Antibiotic treatment alters the colonic mucus layer and predisposes the host to exacerbated Citrobacter rodentium-induced colitis

M Wlodarska et al. Infect Immun. 2011 Apr.

Abstract

Antibiotics are often used in the clinic to treat bacterial infections, but the effects of these drugs on microbiota composition and on intestinal immunity are poorly understood. Citrobacter rodentium was used as a model enteric pathogen to investigate the effect of microbial perturbation on intestinal barriers and susceptibility to colitis. Streptomycin and metronidazole were used to induce alterations in the composition of the microbiota prior to infection with C. rodentium.

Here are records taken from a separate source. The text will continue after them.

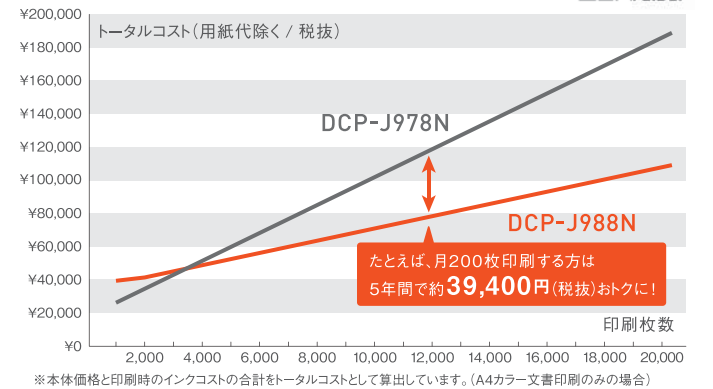

私に必要な機能が搭載されているのかな?

機能で選べる充実のラインアップ! 様々なモデルをご用意しています。

だから「ファーストタンク」におまかせ!

低コスト・高画質

年費状
スマホプリント!

大容量
ファーストタンク

ホーム向け
プリンター!

電話&
ファクスモデル

ビジネス向け
プリンター!

便利機能・環境

消耗品仕様

ラインアップ

Metronidazole pretreatment increased susceptibility to C. rodentium-induced colitis over that of untreated and streptomycin-pretreated mice, 6 days postinfection. Both antibiotic treatments altered microbial composition, without affecting total numbers, but metronidazole treatment resulted in a more dramatic change, including a reduced population of Porphyromonadaceae and increased numbers of lactobacilli. Disruption of the microbiota with metronidazole, but not streptomycin treatment, resulted in an increased inflammatory tone of the intestine characterized by increased bacterial stimulation of the epithelium, altered goblet cell function, and thinning of the inner mucus layer, suggesting a weakened mucosal barrier. This reduction in mucus thickness correlates with increased attachment of C. rodentium to the intestinal epithelium, contributing to the exacerbated severity of C. rodentium-induced colitis in metronidazole-pretreated mice. These results suggest that antibiotic perturbation of the microbiota can disrupt intestinal homeostasis and the integrity of intestinal defenses, which protect against invading pathogens and intestinal inflammation.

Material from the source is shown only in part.